A prospective database was reviewed for patients aged >70 years undergoing deceased donor renal transplantation from 2007 – 2016. A modified CCI score was used designating 3 points for history of myocardial infarction and heart failure, traditional comorbidities as 1 point, and excluded renal disease. Multivariable analysis identified predictors of 3-year mortality.

Results

Among 114 elderly patients undergoing transplantation, 43 (38%) had 1 comorbidity and 39 (34%) had >2 comorbidities. The most common comorbidities were diabetes (45%), heart disease (39%), and peripheral vascular disease (18%). Patients were stratified based on 3-year post-transplant survival (Table). Male gender, heart disease, and an unweighted and modified CCI scores were significantly greater among patients surviving <3 years post-transplant.

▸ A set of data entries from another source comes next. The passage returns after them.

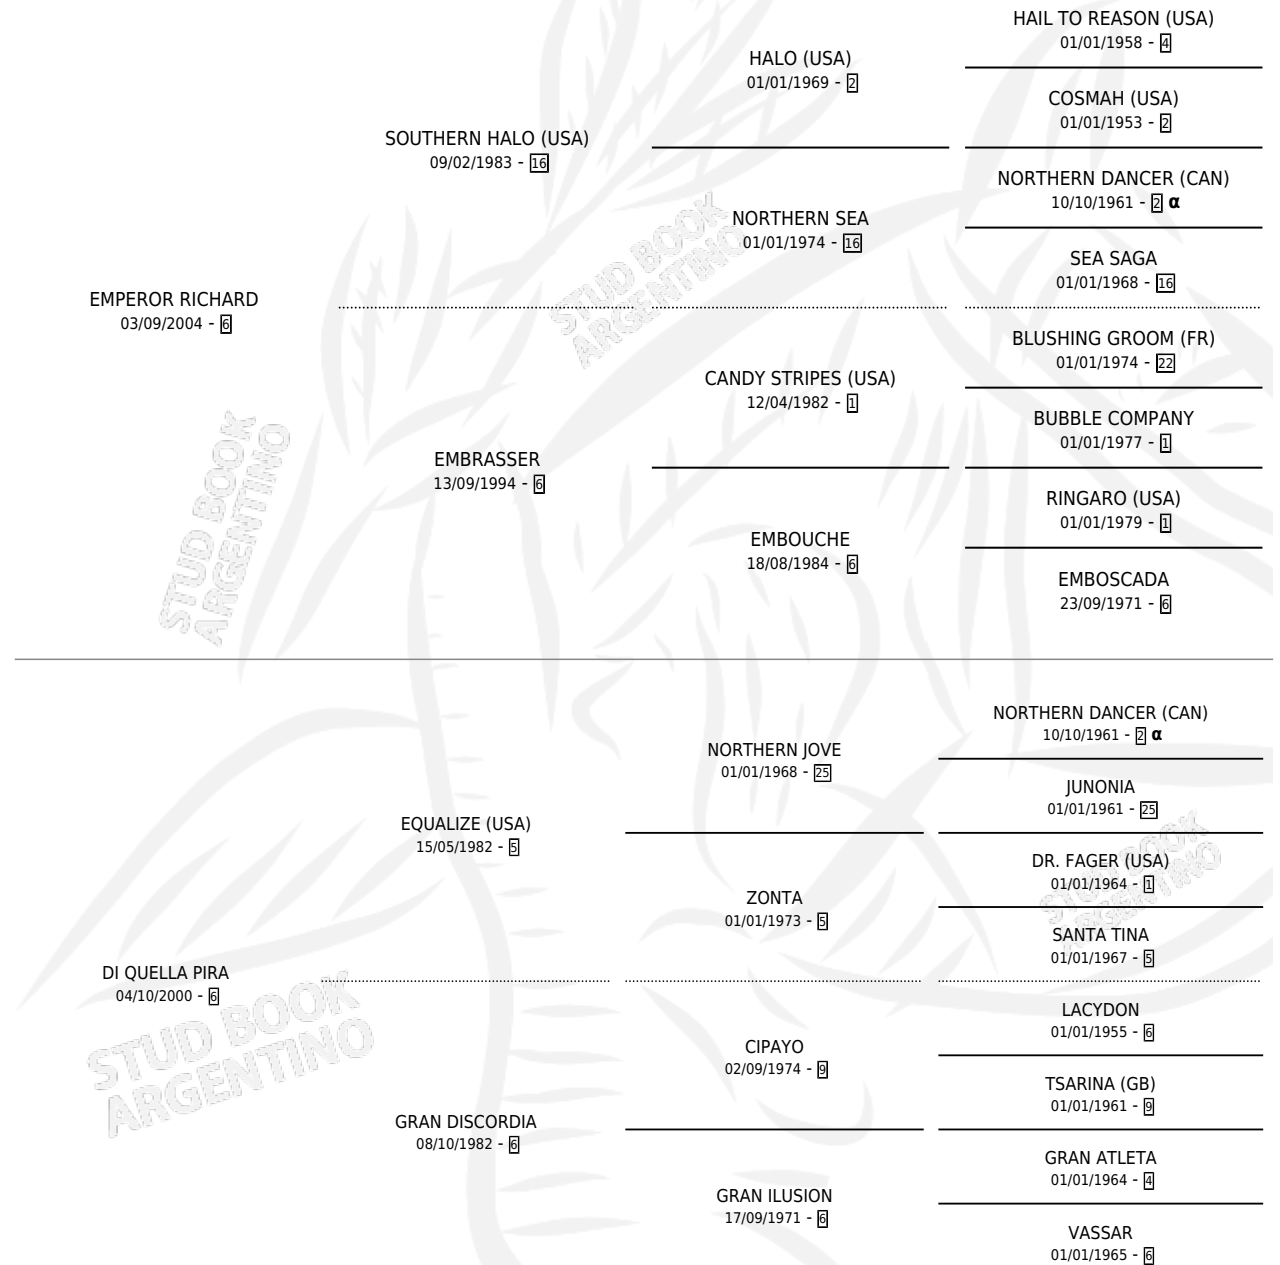

JAZMIN RESO

por **EMPEROR RICHARD** y **DI QUELLA PIRA** por **EQUALIZE**
(USA)

Argentina · Hembra · Alazan · SP · 22/10/2012
Familia 6-f · Volumen 41

ESTADO

TIPIFICACIÓN SANGUÍNEA	X
TIPIFICACIÓN POR ADN	✓
PASAPORTE	✓
IDENTIFICACIÓN POR MICROCHIP	✓
REPRODUCTOR	X

Lugar de nacimiento: Penco Hue
Criador: Pajon Conrado

PEDIGREE

INBREEDING : α

CAMPAÑA

Solo carreras oficiales de Argentina

POR EDAD

EDAD	CC	1°	2°	3°	4°	5°	NP	CLC	CLG	CLCG1	CLGG1	IMPORTE	GANANCIA / CC
2 AÑOS	2	0	0	0	0	0	2	0	0	0	0	\$0	\$0
3 AÑOS	5	0	0	1	0	1	3	0	0	0	0	\$11,000	\$2,200
4 AÑOS	3	0	0	1	0	1	1	0	0	0	0	\$11,750	\$3,917
TOTALES	10	0	0	2	0	2	6	0	0	0	0	\$22,750	\$2,275
%		0.0%	0.0%	20.0%	0.0%	20.0%	60.0%	0.0%	0.0%	0.0%	0.0%		

Placés en Palermo en 10 carreras disputadas.

POR DISTANCIA

HIPODROMO	CC	1°	2°	3°	4°	5°	NP	CLC	CLG	CLCG1	CLGG1	IMPORTE
PALERMO	9	0	0	2	0	2	5	0	0	0	0	\$22,750
1000 MTS	3	0	0	0	0	0	3	0	0	0	0	\$0
1400 MTS	2	0	0	1	0	0	1	0	0	0	0	\$8,000
1200 MTS	4	0	0	1	0	2	1	0	0	0	0	\$14,750
SAN ISIDRO	1	0	0	0	0	0	1	0	0	0	0	\$0
1200 MTS	1	0	0	0	0	0	1	0	0	0	0	\$0
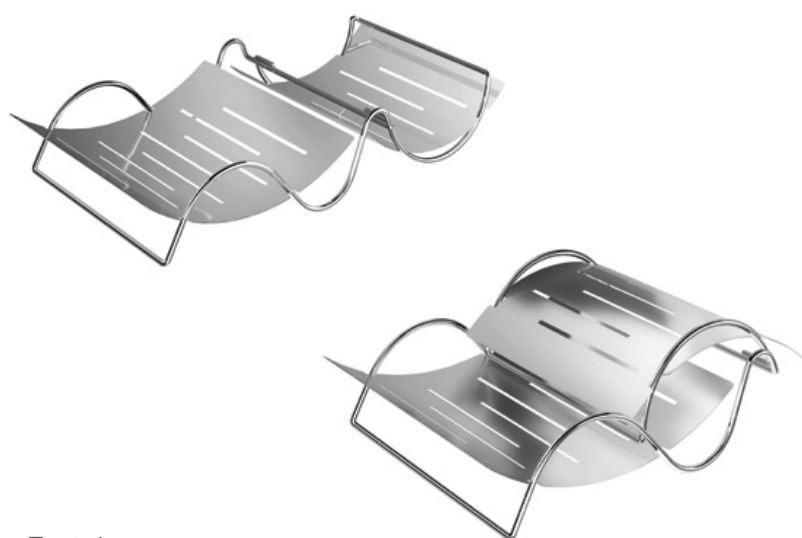

Já imaginou que linda sua bancada vai ficar com esse utilitário que mais parece um acessório decorativo?

Fruteira
DUE

4428 - (aberto) 540 x 95 x 295mm
(fechado) 385 x 130 x 295mm
Acabamento inox
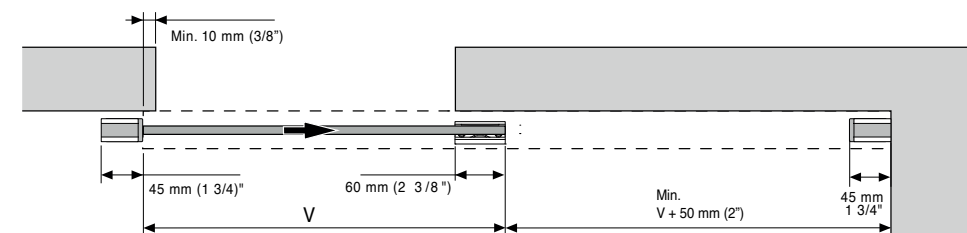

Sistemas testados hasta 100.000 ciclos según la norma EN1527 por IFT Rosenheim.

Exposed / Visto

WALL / PARED

CEILING / TECHO

UNIKGLASS+ 100

$Y1 = H1 + X1 + 16 \text{ mm (5/8")}$

UNIKGLASS+ 100

$Y2 = H2 - 47 \text{ mm (1 13/16")}$

KSC Unikglass+ 100 V ≥ 800 mm (31 1/2")

UNIKGLASS+ 100

Recessed / Empotrado

WITH LINTEL / CON DINTEL

WITHOUT LINTEL / SIN DINTEL

$Y3 = H3 + 16 \text{ mm (5/8")}$

KSC Unikglass+ 100 V ≥ 800 mm (31 1/2")

Without lintel specifications / Especificaciones sin dintel

In Without Lintel Unikglass+ installations the false ceiling profile gallery will measure half of the main profile

En las instalaciones Unikglass+ Sin Dintel la galería del perfil a falso techo medirá la mitad del perfil principal.

Multivariable analysis identified the unweighted CCI (OR= 1.47, CI: 1.02-2.13) and modified CCI (OR= 1.35, CI: 1.08-1.69) as significant predictors of 3-year mortality, but not age, gender or time on waitlist. However, after adjusting for age and gender, only the modified CCI was predictive (OR= 1.30, CI: 1.03-1.64).

Conclusion

A modified CCI is a simple and effective tool for predicting 3-year mortality following transplantation in elderly patients. This scoring system should be considered as an adjunct in determining transplant candidacy in this population.